● **Data entries**:
*** Begin section ***

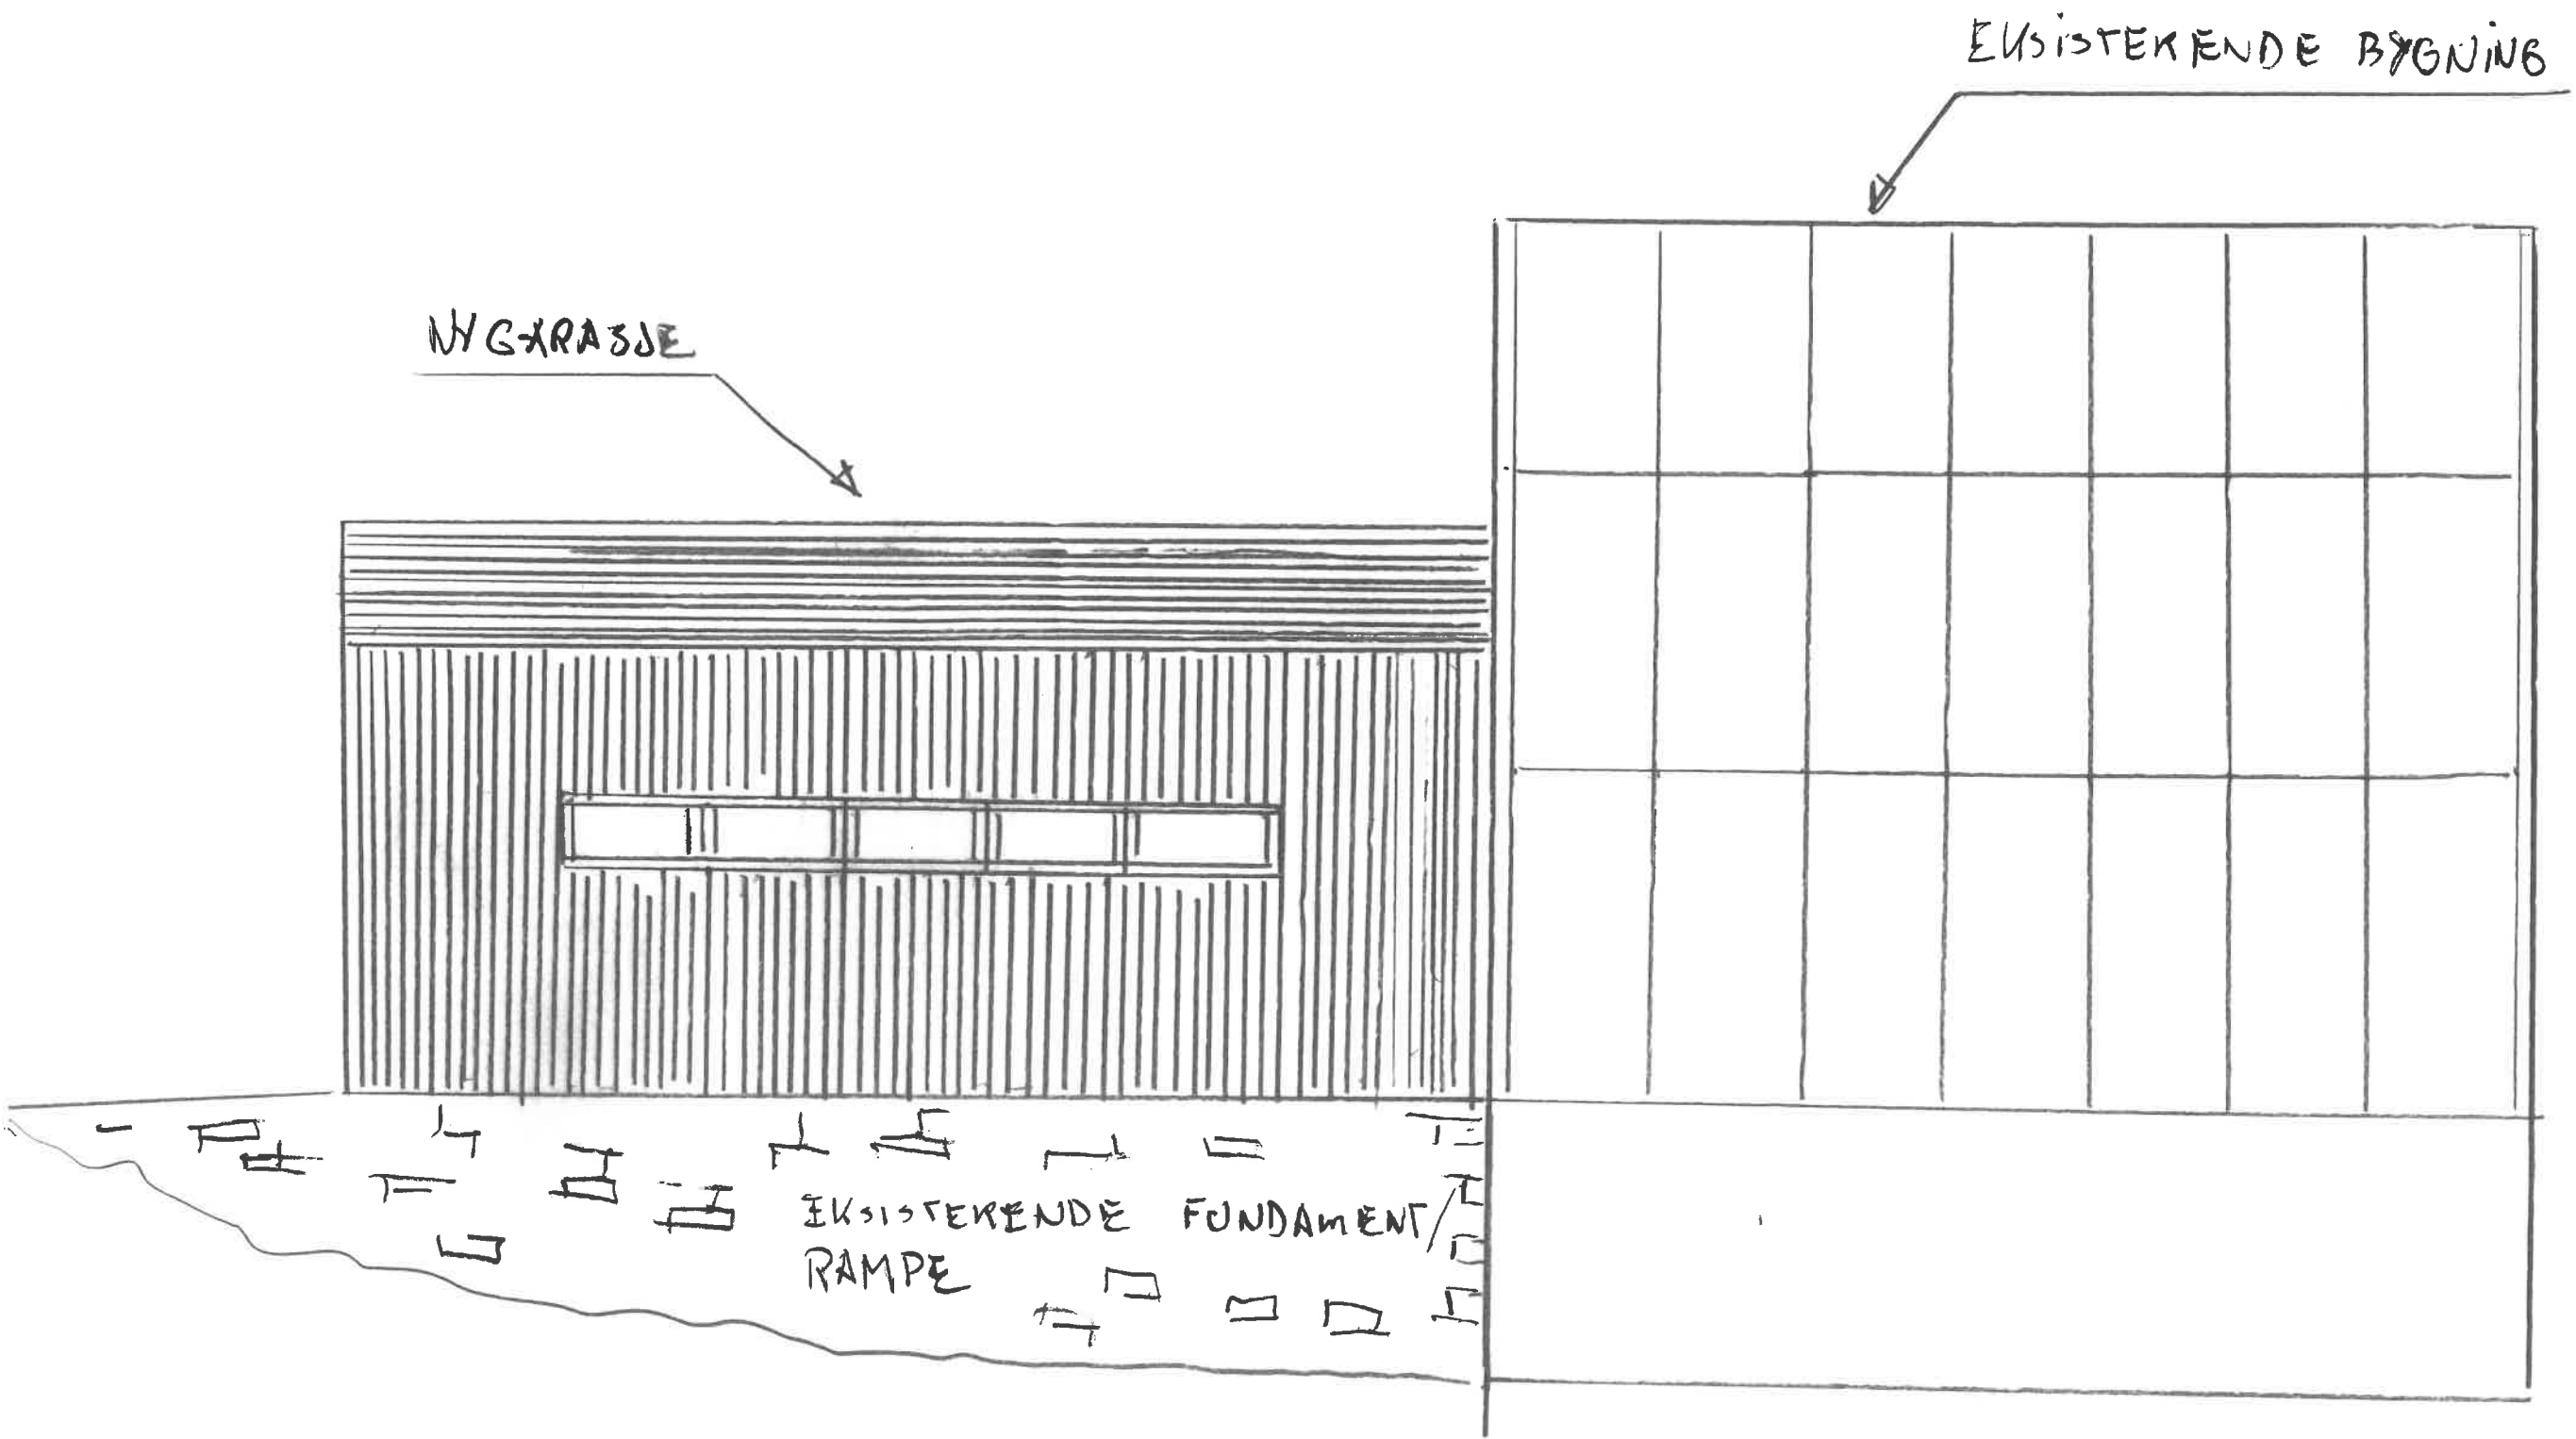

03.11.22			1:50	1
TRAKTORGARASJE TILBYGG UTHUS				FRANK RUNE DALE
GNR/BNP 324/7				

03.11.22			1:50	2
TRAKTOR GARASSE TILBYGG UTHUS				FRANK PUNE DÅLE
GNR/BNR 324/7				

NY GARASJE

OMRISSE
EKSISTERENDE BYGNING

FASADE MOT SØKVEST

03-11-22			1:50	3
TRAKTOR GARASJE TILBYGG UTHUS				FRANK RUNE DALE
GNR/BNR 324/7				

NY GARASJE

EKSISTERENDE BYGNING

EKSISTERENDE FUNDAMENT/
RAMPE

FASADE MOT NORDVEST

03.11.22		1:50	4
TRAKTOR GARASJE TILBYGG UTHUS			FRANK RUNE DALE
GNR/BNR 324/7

*** End section ***

● **Exercise directions**: Search the records for the word "DALE" and copy out every line that holds it.

● **Answer to the exercise**:
TRAKTORGARASJE TILBYGG UTHUS				FRANK RUNE DALE
TRAKTOR GARASJE TILBYGG UTHUS				FRANK RUNE DALE
TRAKTOR GARASJE TILBYGG UTHUS			FRANK RUNE DALE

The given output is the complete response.